MATERIAL SHOWN>
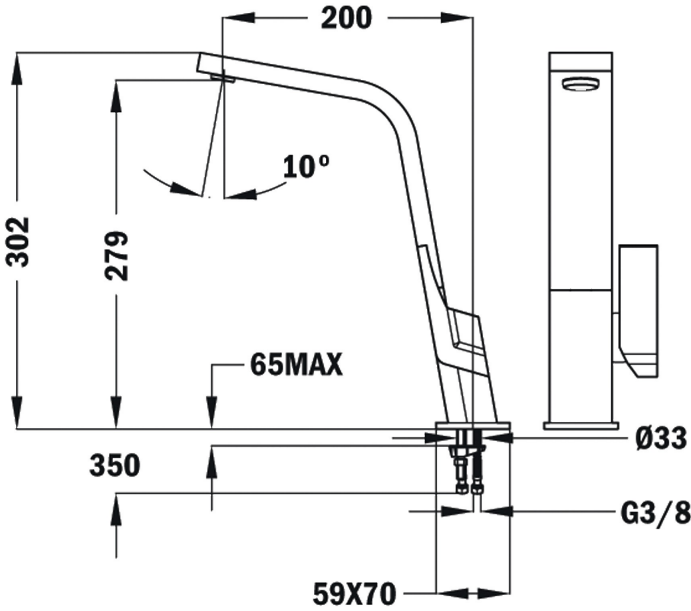

IC 915 Single Lever Kitchen Tap with flat swivel spout

Anti-scale aerator

Swivel spout

DESCRIPTION

Single Lever Kitchen Tap with flat swivel spout

LIFE STYLE

Total

COLOURS

REFERENCE

REF. 33915020N
EAN. 8421152091364

TEKA

IC 915

FEATURES

High spout kitchen tap
Flat design
Swivel Spout
Anti-scale aerator
Cartridge with ceramic discs of high resistance
Highly precise temperature control
Greater handling sensitivity with smoother movements
3/8" flexible inlet pipes

IC 915

DIMENSIONS

- Product height (mm): 302
- Product width (mm):
- Product depth (mm):
- Product length (mm):
- Net weight (Kg): 2,4

TECH SPECS

MODELS

Type of installation: Free standing
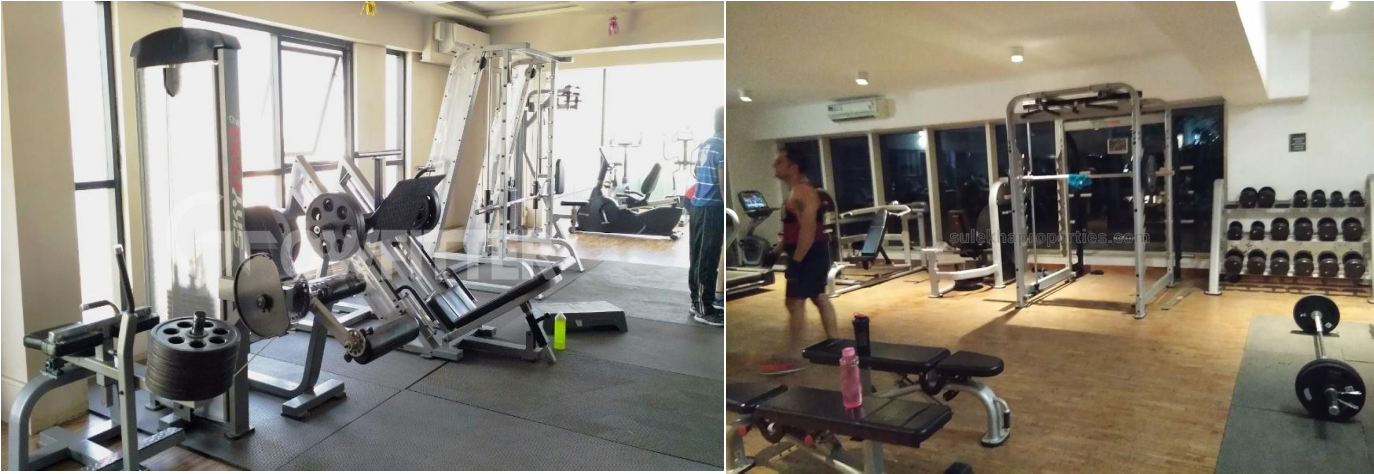

JSPM's Bhivarabai Sawant Institute of Technology and Research, Wagholi, Pune

Play Ground

Basket Ball Ground

Annual Social Gathering

Auditorium

Gymnasium
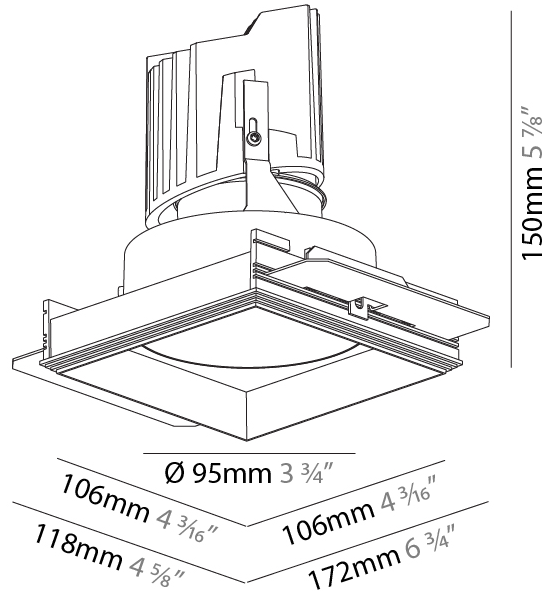

ELECTRICAL

Lamp Type: LED (Zhaga Standard)
Input Wattage (W): 16.5
Total Output Wattage (W): 14.7
Dimming: Dali Dimming
Driver Included: No
Driver Location: Recessed Housing
Driver Type: Constant Current - 120Vac
Driver Class: Class 2
Housing: See Components
Input Voltage (V): 120
Constant Current (MA): 350

LED

Number of LEDs: 1
Color Temperature (°K): Warm Dim
Max. Delivered Lumen (lm): 770
Nominal Lumen (lm): 1140
CRI: >90 CRI
Lamp Life (hrs): 50000
Upon Request: RGB-W Tunable White Special Color Temperature Special LED

OPTICAL

Reflector: 20 / 40 / 60
Upon Request: Special Beam Angles

RATINGS AND CERTIFICATIONS

Zaneen Group, Inc. 6260 F 1600 988-3382, F 416-247-9319, www.zaneen.com

Certified By: Certified for North American Standards
In a constant effort to supply the best product, we reserve the right to change specifications or materials without notice. The most recent specification sheets are found at zaneen.com
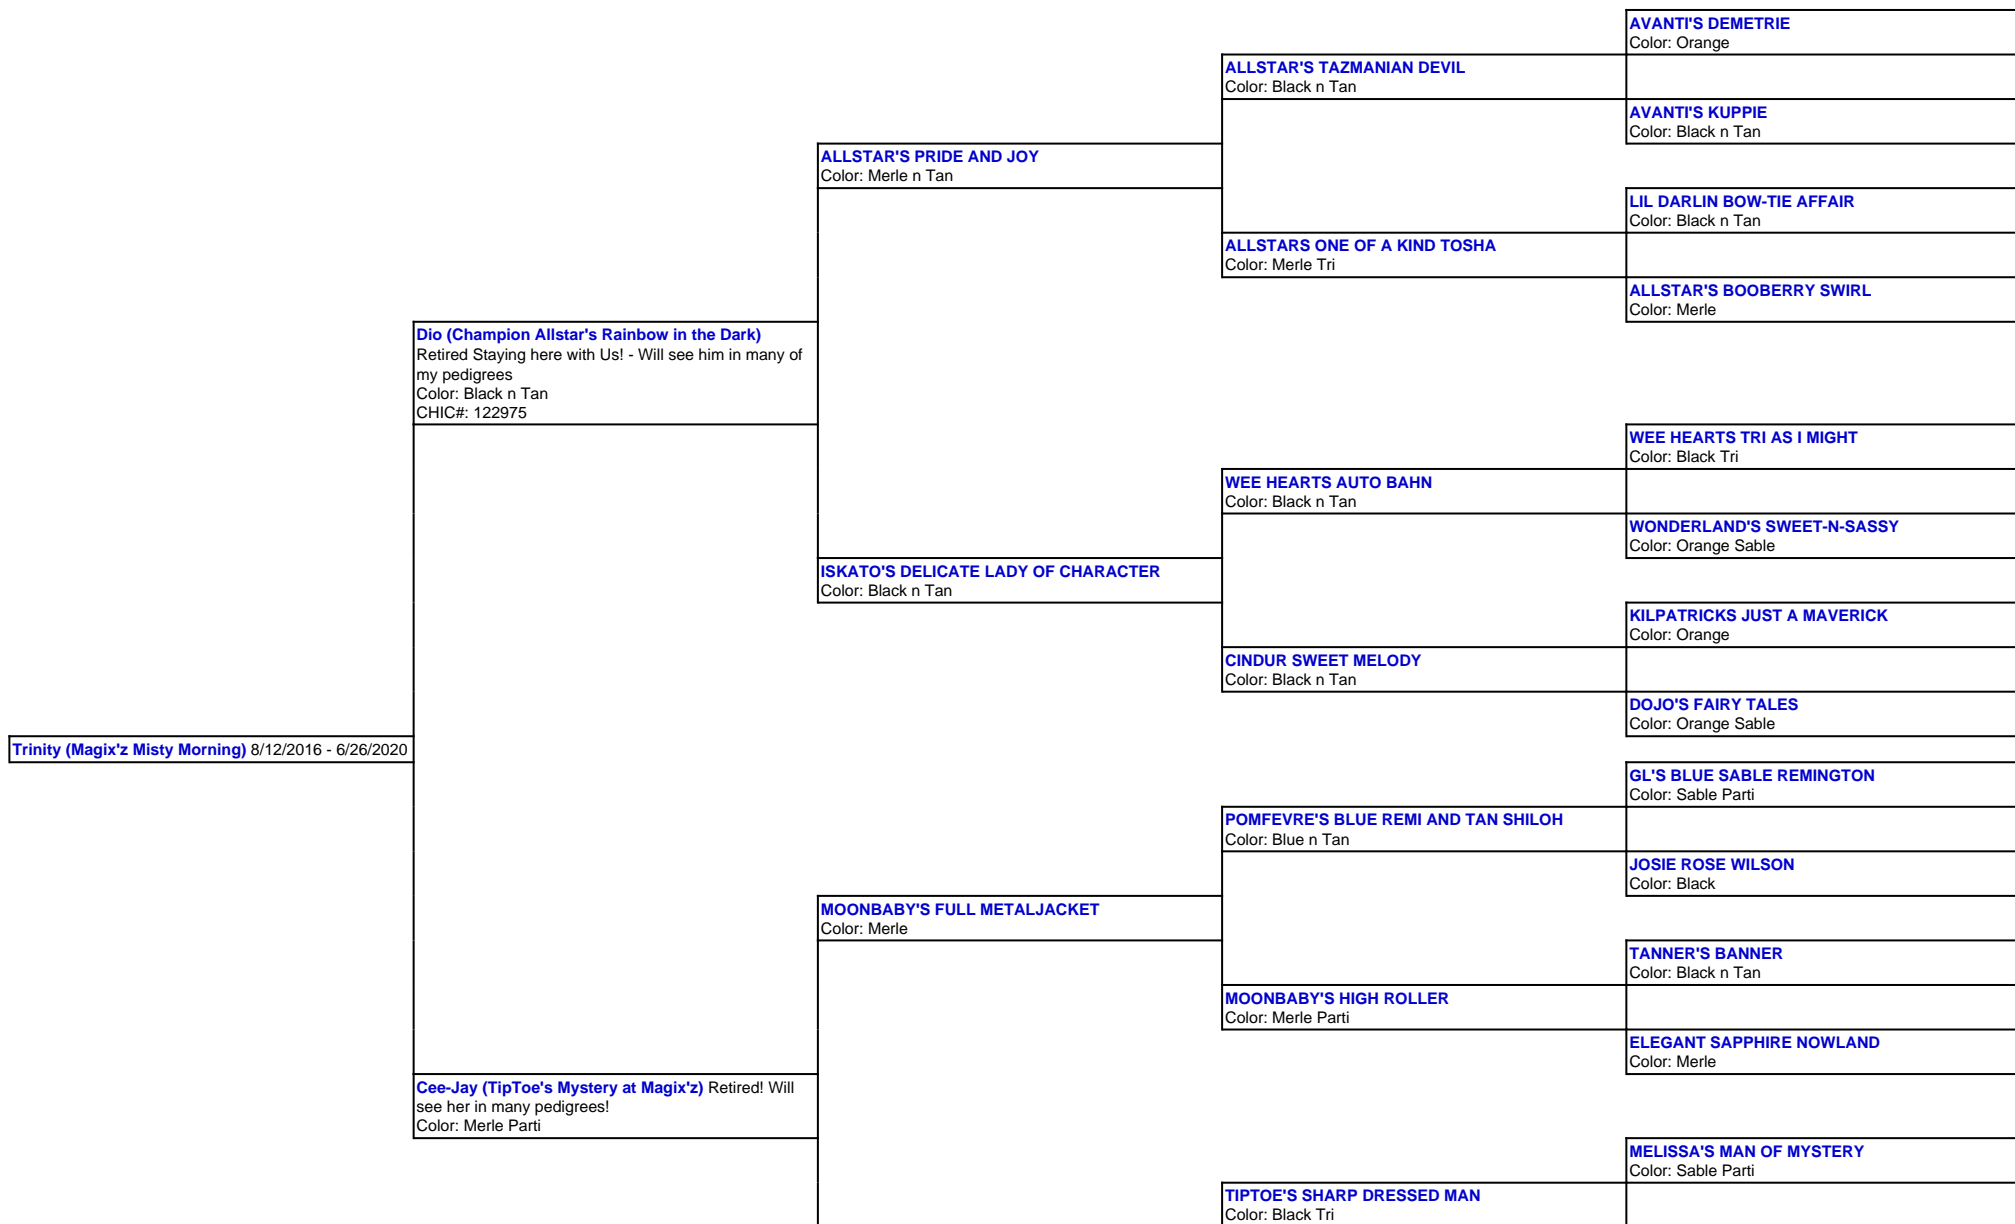

For a more detailed version of this pedigree:
<https://www.magixzpoms.com/profile/magixz-misty-morning>

Pedigree For:
 Trinity (Magix'z Misty Morning)
 8/12/2016 - 6/26/2020

TIPTOE'S SPACE CASE CHASE
Color: Black Tri

CHRISTANNES REESE'S PB CUP
Color: Chocolate

MOONBABY'S EFFORTLESS STYLE
Color: Cream

POMFEVRE'S BLUE REMI AND TAN SHILOH
Color: Blue n Tan

MELISSA'S JUST DO IT
Color: Black Tri

PROBLEM STATEMENT> Exactly as written, set down each line of the records, leaving out the pictures.

RESPONSE TO THE EXERCISE>
IC 915 Single Lever Kitchen Tap with flat swivel spout

Anti-scale aerator

Swivel spout

DESCRIPTION

Single Lever Kitchen Tap with flat swivel spout

LIFE STYLE

Total

COLOURS

REFERENCE

REF. 33915020N
EAN. 8421152091364

TEKA

IC 915

FEATURES

High spout kitchen tap
Flat design
Swivel Spout
Anti-scale aerator
Cartridge with ceramic discs of high resistance
Highly precise temperature control
Greater handling sensitivity with smoother movements
3/8" flexible inlet pipes

IC 915

DIMENSIONS

- Product height (mm): 302
- Product width (mm):
- Product depth (mm):
- Product length (mm):
- Net weight (Kg): 2,4

TECH SPECS

MODELS

Type of installation: Free standing

JSPM's Bhivarabai Sawant Institute of Technology and Research, Wagholi, Pune

Play Ground

Basket Ball Ground

Annual Social Gathering

Auditorium

Gymnasium

ELECTRICAL

Lamp Type: LED (Zhaga Standard)
Input Wattage (W): 16.5
Total Output Wattage (W): 14.7
Dimming: Dali Dimming
Driver Included: No
Driver Location: Recessed Housing
Driver Type: Constant Current - 120Vac
Driver Class: Class 2
Housing: See Components
Input Voltage (V): 120
Constant Current (MA): 350

LED

Number of LEDs: 1
Color Temperature (°K): Warm Dim
Max. Delivered Lumen (lm): 770
Nominal Lumen (lm): 1140
CRI: >90 CRI
Lamp Life (hrs): 50000
Upon Request: RGB-W Tunable White Special Color Temperature Special LED

OPTICAL

Reflector: 20 / 40 / 60
Upon Request: Special Beam Angles

RATINGS AND CERTIFICATIONS

Zaneen Group, Inc. 6260 F 1600 988-3382, F 416-247-9319, www.zaneen.com

Certified By: Certified for North American Standards
In a constant effort to supply the best product, we reserve the right to change specifications or materials without notice. The most recent specification sheets are found at zaneen.com

For a more detailed version of this pedigree:
<https://www.magixzpoms.com/profile/magixz-misty-morning>

Pedigree For:
 Trinity (Magix'z Misty Morning)
 8/12/2016 - 6/26/2020

TIPTOE'S SPACE CASE CHASE
Color: Black Tri

CHRISTANNES REESE'S PB CUP
Color: Chocolate

MOONBABY'S EFFORTLESS STYLE
Color: Cream

POMFEVRE'S BLUE REMI AND TAN SHILOH
Color: Blue n Tan

MELISSA'S JUST DO IT
Color: Black Tri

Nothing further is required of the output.